Em Mon, 14 Mar 2016 14:09:09 +0200
Sakari Ailus <sakari.ailus@xxxxxx> escreveu:

> Hi Mauro,
>
> On Mon, Mar 14, 2016 at 08:46:33AM -0300, Mauro Carvalho Chehab wrote:
> > Em Mon, 14 Mar 2016 12:52:54 +0200
> > Sakari Ailus <sakari.ailus@xxxxxx> escreveu:
> >
> > > Hi Mauro,
> > >
> > > On Mon, Mar 14, 2016 at 07:13:58AM -0300, Mauro Carvalho Chehab wrote:
> > > > Em Mon, 14 Mar 2016 09:22:37 +0200
> > > > Sakari Ailus <sakari.ailus@xxxxxx> escreveu:
> > > >
> > > > > Hi Shuah,
> > > > >
> > > > > On Sat, Mar 12, 2016 at 06:48:09PM -0700, Shuah Khan wrote:
> > > > > > Add GFP flags to media_create_pad_link(), media_create_intf_link(),
> > > > > > media_devnode_create(), and media_add_link() that could get called
> > > > > > in atomic context to allow callers to pass in the right flags for
> > > > > > memory allocation.
> > > > > >
> > > > > > tree-wide driver changes for media_*() GFP flags change:
> > > > > > Change drivers to add gfpflags to interffaces, media_create_pad_link(),
> > > > > > media_create_intf_link() and media_devnode_create().
> > > > > >
> > > > > > Signed-off-by: Shuah Khan <shuahkh@xxxxxxxxxxxxxxx>
> > > > > > Suggested-by: Mauro Carvalho Chehab <mchehab@xxxxxxxxxxxxxxx>
> > > > >
> > > > > What's the use case for calling the above functions in an atomic context?
> > > > >
> > > >
> > > > ALSA code seems to do a lot of stuff at atomic context. That's what
> > > > happens on my test machine when au0828 gets probed before
> > > > snd-usb-audio:
> > > > http://pastebin.com/LEX5LD5K
> > > >
> > > > It seems that ALSA USB probe routine (usb_audio_probe) happens in
> > > > atomic context.
> > >
> > > usb_audio_probe() grabs a mutex (register_mutex) on its own. It certainly
> > > cannot be called in atomic context.
> > >
> > > In the above log, what I did notice, though, was that because *we* grab
> > > mdev->lock spinlock in media_device_register_entity(), we may not sleep
> > > which is what the notify() callback implementation in au0828 driver does
> > > (for memory allocation).
> >
> > True. After looking into the code, the problem is that the notify
> > callbacks are called with the spinlock hold. I don't see any reason
> > to do that.
>
> Notify callbacks, perhaps not, but the list is still protected by the
> spinlock. It perhaps is not likely that another process would change it but
> I don't think we can rely on that.

I can see only 2 risks protected by the lock:

1) mdev gets freed while an entity is being created. This is a problem
with the current memory protection schema we're using. I guess the
only way to fix it is to use kref for mdev/entities/interfaces/links/pads.
This change doesn't make it better or worse.
Also, I don't think we have such risk with the current devices.

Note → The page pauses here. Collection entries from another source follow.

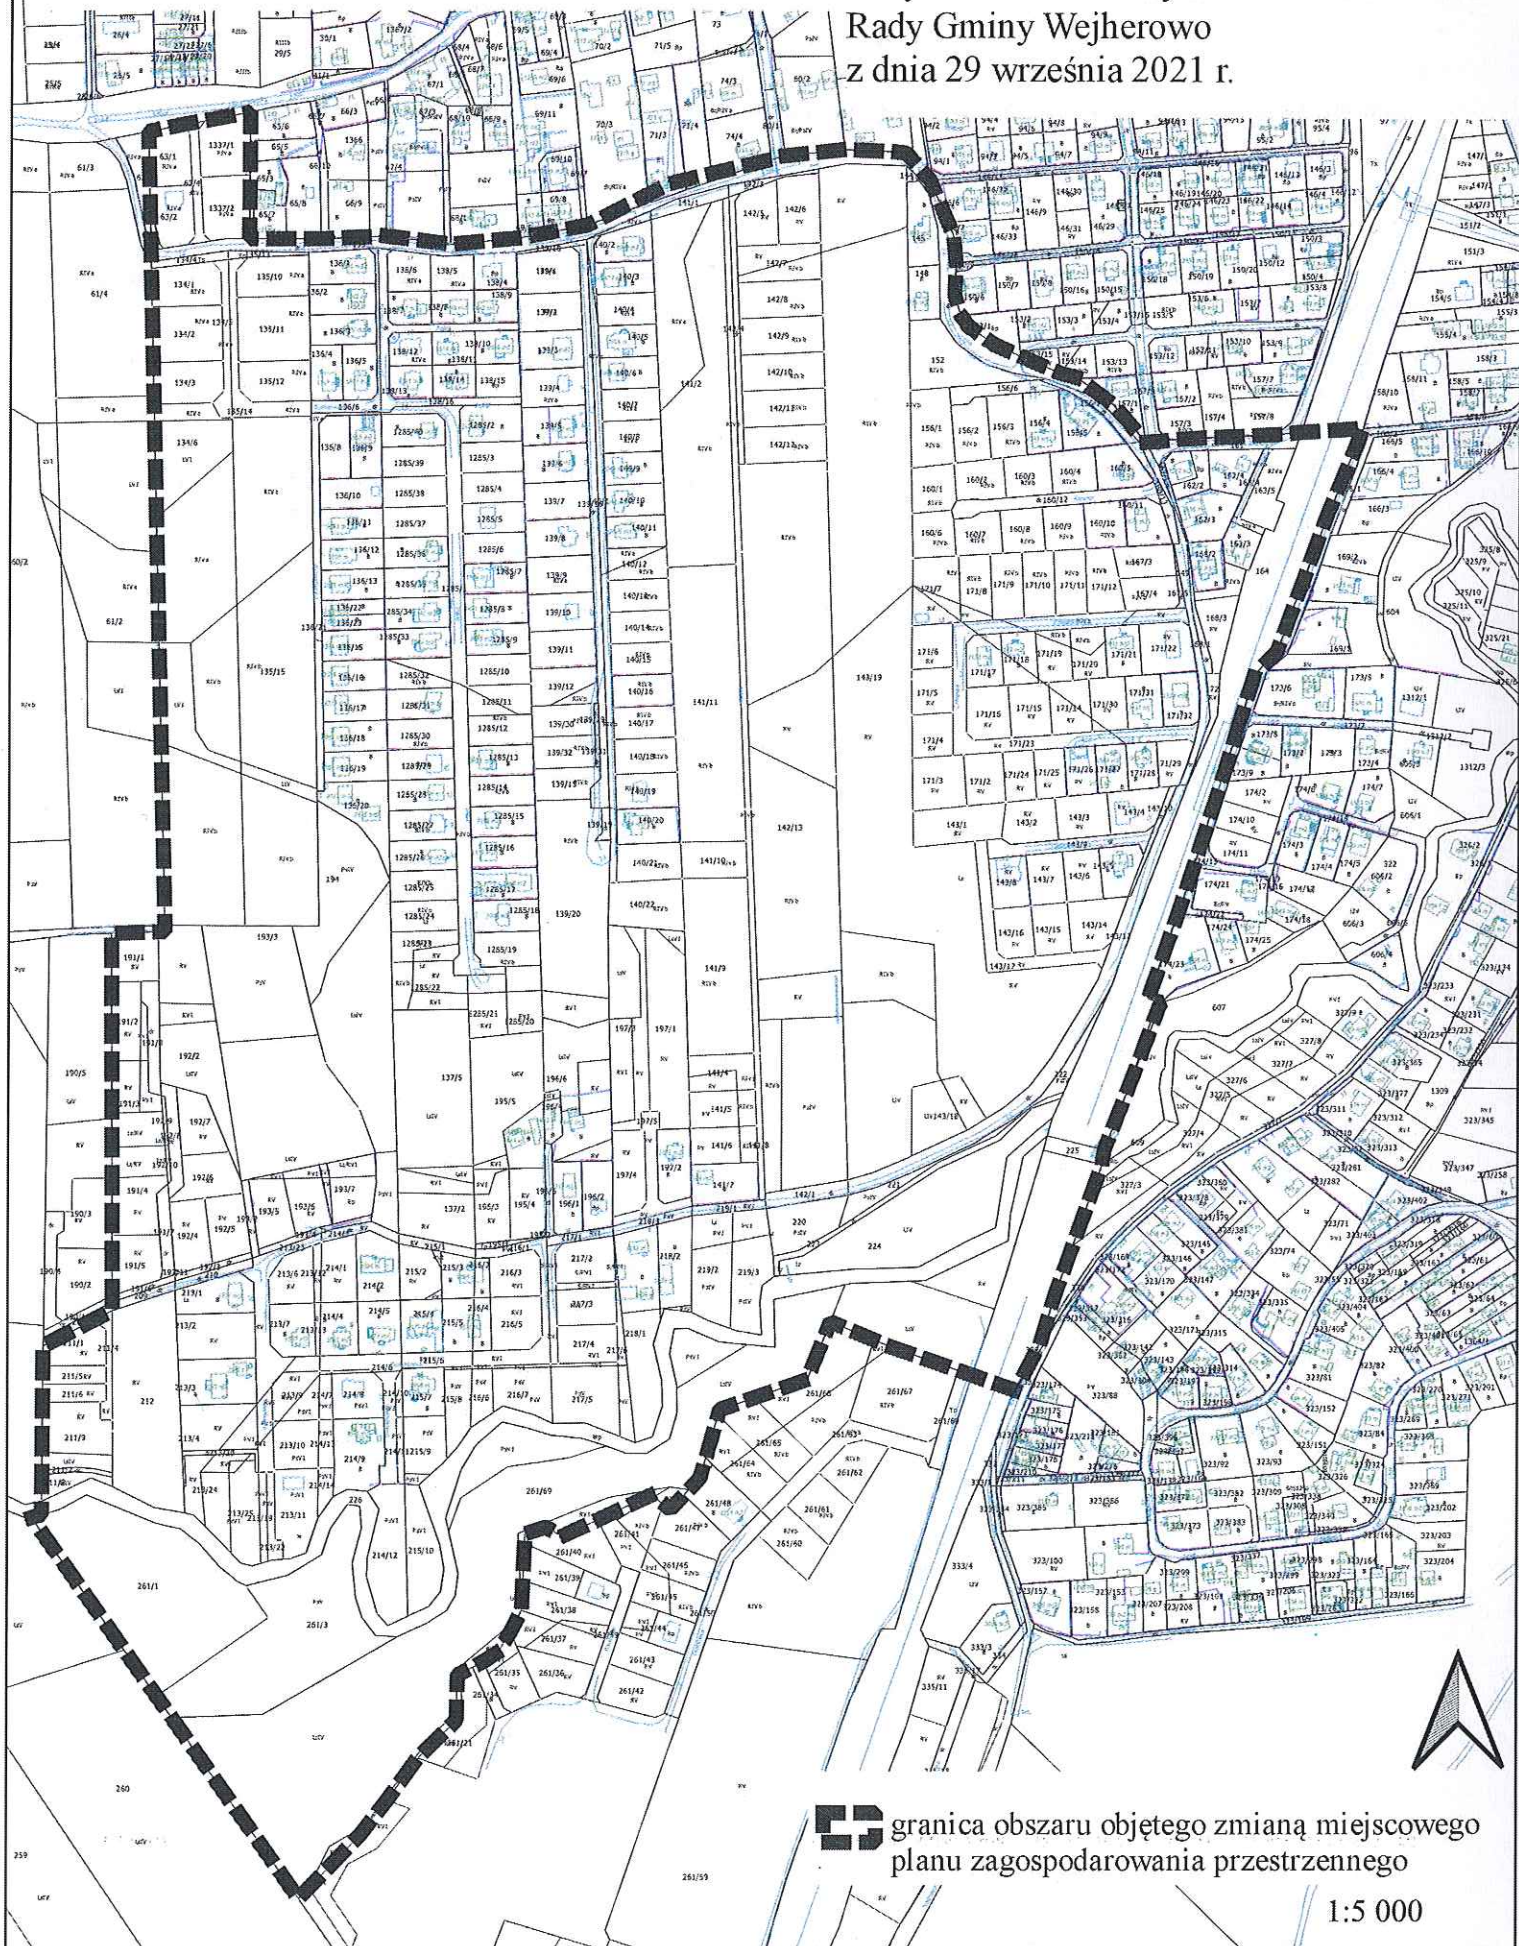

# Miejscowy plan zagospodarowania przestrzennego dla fragmentu miejscowości Gościcino w Gminie Wejherowo

Załącznik do Uchwały nr XXXII/386/2021  
Rady Gminy Wejherowo  
z dnia 29 września 2021 r.

 granica obszaru objętego zmianą miejscowego planu zagospodarowania przestrzennego

1:5 000
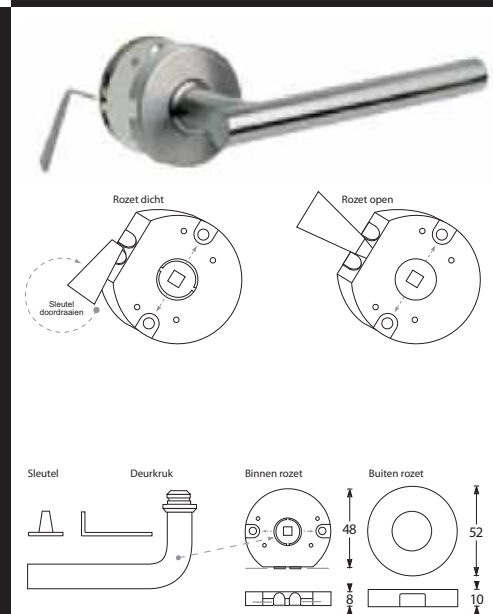

uniek gepatenteerd klikveersysteem

Ivana Necosteel brengt een unieke range RVS producten die zich onderscheidt in design, afwerking en programmakeuze. Het brede scala deurkrukken wordt gecompleteerd door een uniek bevestigingssysteem voor de rozetten en schilden.

Necosteel is voor de betere woning- en utiliteitsbouw. Necosteelproducten worden met zorg gefabriceerd uit RVS 304. De producten worden permanent aan kwaliteitscontrole getoetst.

Bij Necosteel heeft u de keuze uit:

- Klikveersysteem voor schilden en rozetten. Een uniek gepatenteerd vastdraaibare verende kruk op schild en rozet, welke ook de beweging omhoog kan maken dus ook geschikt voor meerpuntssluitingen.*
- Veersysteem voor rozetten: Verende kruk op rozet. Waarvoor oudere sloten niet vervangen hoeven te worden.
- Standaard schild en rozetten: Krukken op standaard rozetten en schilden.

*Ivana Necosteel is door een bekend instituut getest, en kwam tot 5 keer de waarde van de NEN 1906.

KLIKROZET
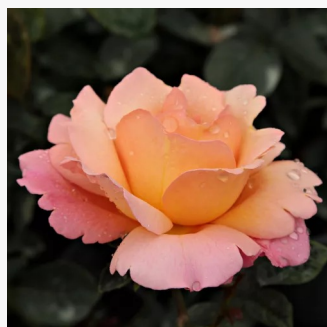

Rosa Animo

oranžová - Floribunda
100-160 cm
intenzivní - kořeněná
De Ruiter Innovations BV.
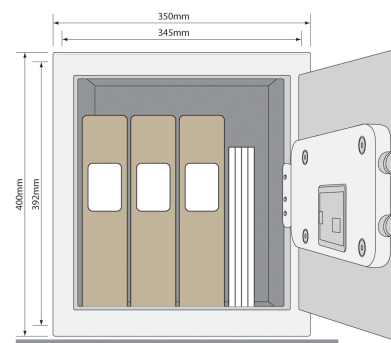

Security Safes YSB/400 - Office Musta

Ominaisuudet:

- •22 mm:n moottoriohjatut lukitusteljet
- •Vahvistetut saranat
- •Valaistu näppäimistö
- •Vaihdetta 3 - 8-numeroinen koodi
- •Mukana kaksi avainta
- •Varoitus pattereiden loppumisesta
- •Avauskoodin näyttö päällä/pois
- •Paino: 16,4 kg

YSB/400/EB1	Turvakaappi Yale YSB/400 Office Musta

Security Safes YLB/200 - Laptop Musta

Ominaisuudet:

- •22 mm:n moottoriohjatut lukitusteljet
- •Vahvistetut saranat
- •Valaistu näppäimistö
- •Vaihdeettava 3 - 8-numeroinen koodi
- •Mukana kaksi avainta
- •Varoitus pattereiden loppumisesta
- •Avauskoodin näyttö päällä/pois
- •Paino: 27,5 kg
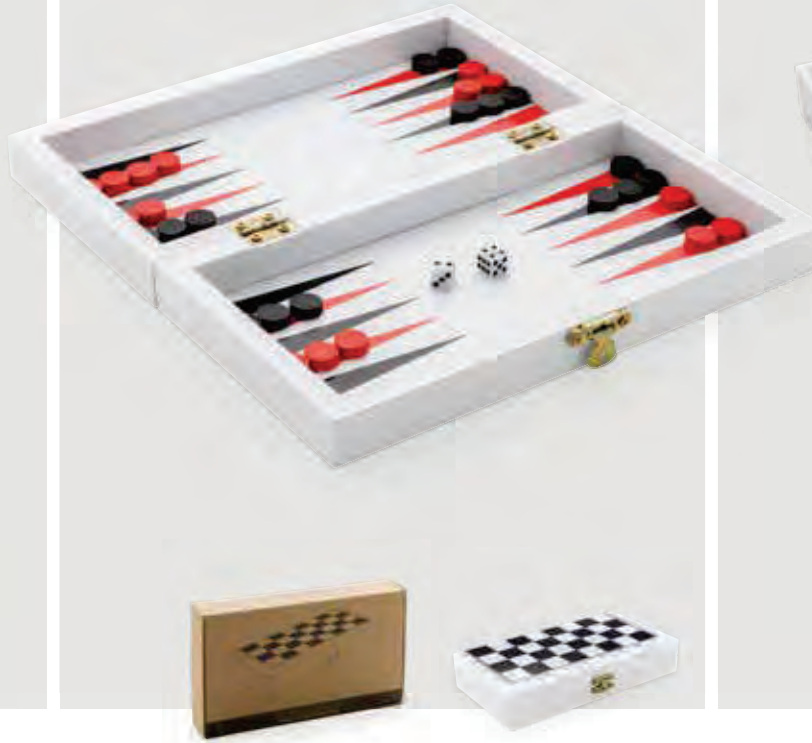

P940.133

Deluxe 3-in-1-Brettspiel in Box

FSC® Holz Maße 20,2 x 21 x 1,9 cm Maximale Größe Logo 50 x 7mm
Veredelungstechnik Tampondruck

Ab	100	250	500	1000	1500
Mit Logo	8,12	7,80	7,57	7,36	7,23
Ohne Logo	7,39	7,19	6,99	6,85	6,72

CO₂ 0,55 kg

XDCOLLECTION
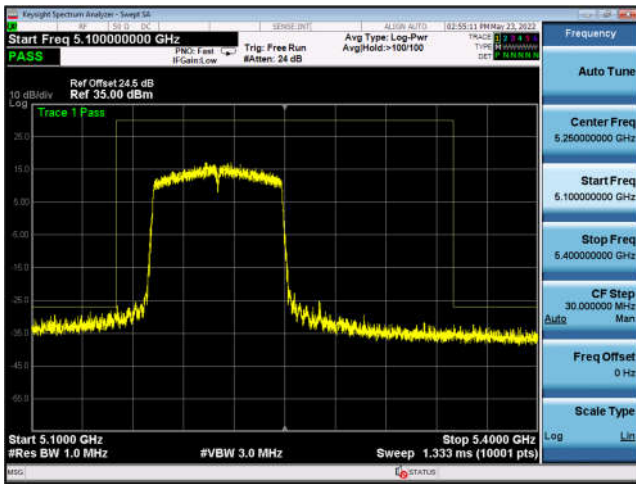

U-NII-1 ,802.11ax-HE40, 5190MHz, Ant2

U-NII-1 ,802.11ax-HE40, 5230MHz, Ant2

U-NII-1 ,802.11ax-HE40, 5230MHz, Ant2

U-NII-1 ,802.11ac-VHT80, 5210MHz, Ant2

U-NII-1 ,802.11ac-VHT80, 5210MHz, Ant2

U-NII-1 ,802.11ax-HE80, 5210MHz, Ant2
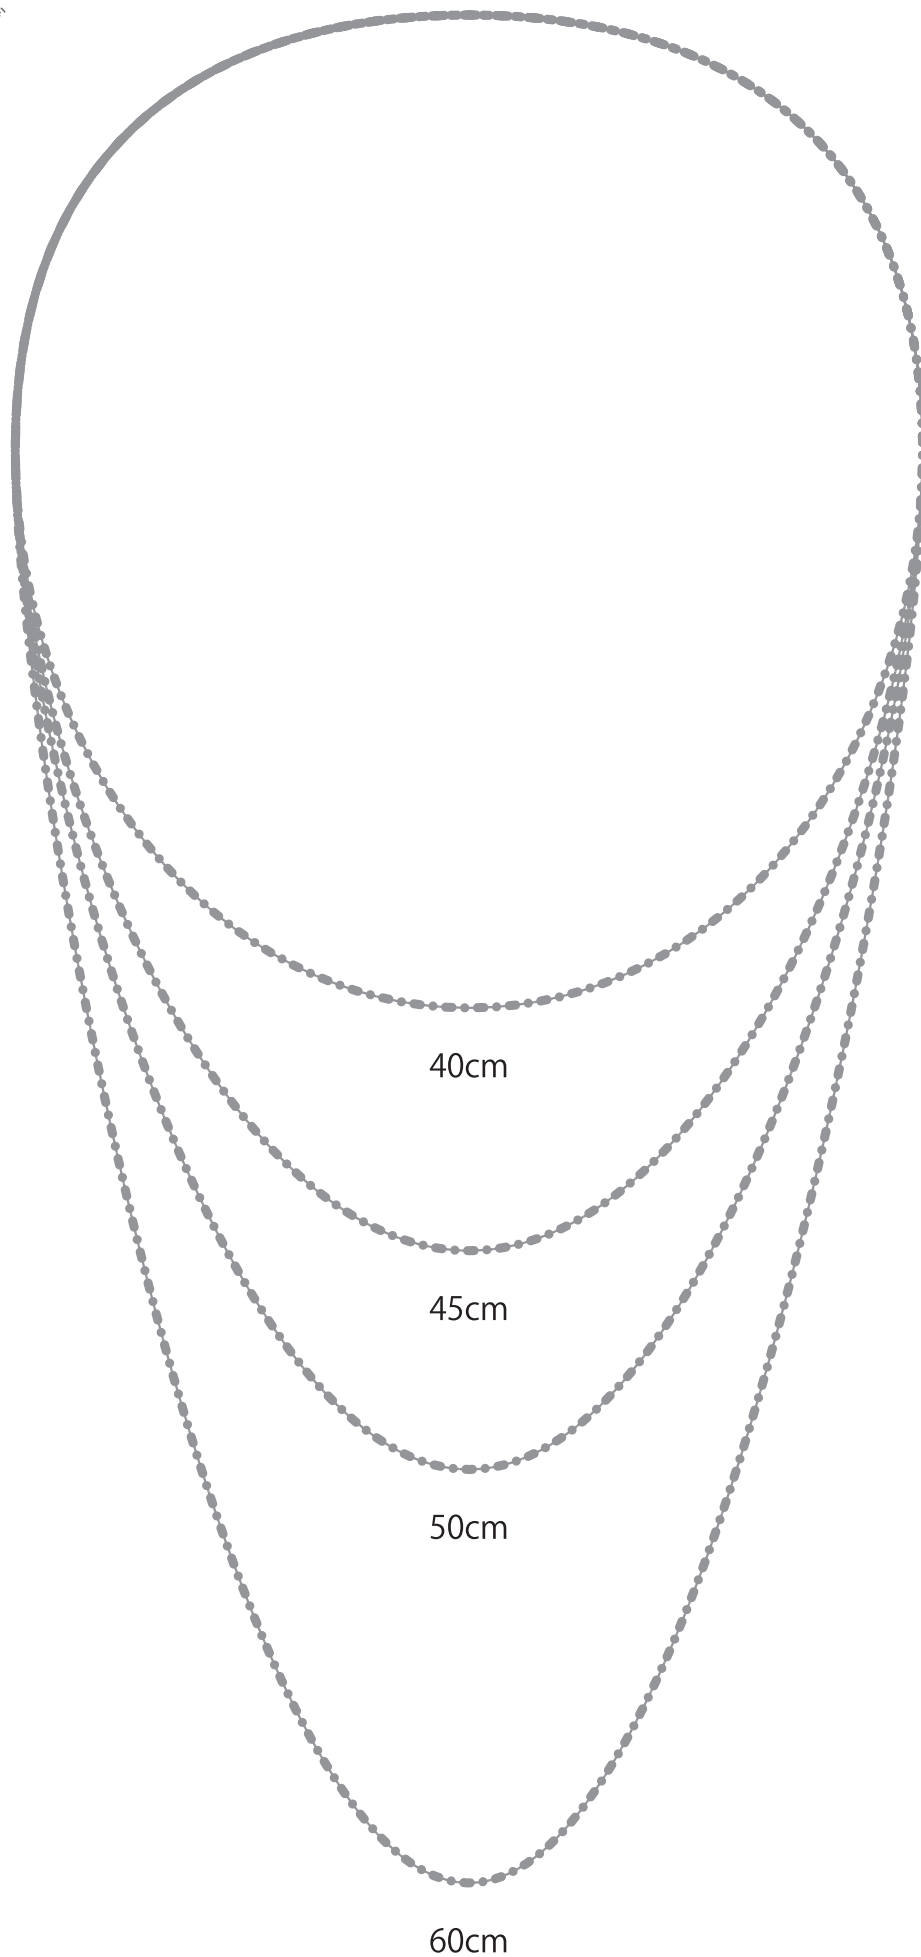

Short&Long Chain 1.2mm

ショート&ロング

Pendan-chain.com
ペンダントチェーン専門店

Pecha
ペチエ

A4 用紙にて拡大・縮小せずに印刷して下さい。
チェーンの長さ・厚みの比較イメージになります。
イメージには留め金具（引き輪・プレート等）は表現されておりません。

2) a notifier may be inserted or removed by another driver, while the
loop is running.

To avoid (2), I see 3 alternatives:

a) keep the loop as proposed on this patch. As the list is navigated using
list_for_each_entry_safe(), I guess[1] it should be safe to remove/add
new notify callbacks there while the loop is running by some other process.

[1] It *is* safe if the change were done inside the loop - but I'm not
100% sure that it is safe if some other CPU touches the notify list.

b) Unlock/relock the spinlock every time:

/* previous code that locks mdev->lock spinlock */

/* invoke entity_notify callbacks */
list_for_each_entry_safe(notify, next, &mdev->entity_notify, list) {
spin_unlock(&mdev->lock);
(notify)->notify(entity, notify->notify_data);
spin_lock(&mdev->lock);
}

spin_unlock(&mdev->lock);

c) use a separate lock for the notify list -this seems to be an overkill.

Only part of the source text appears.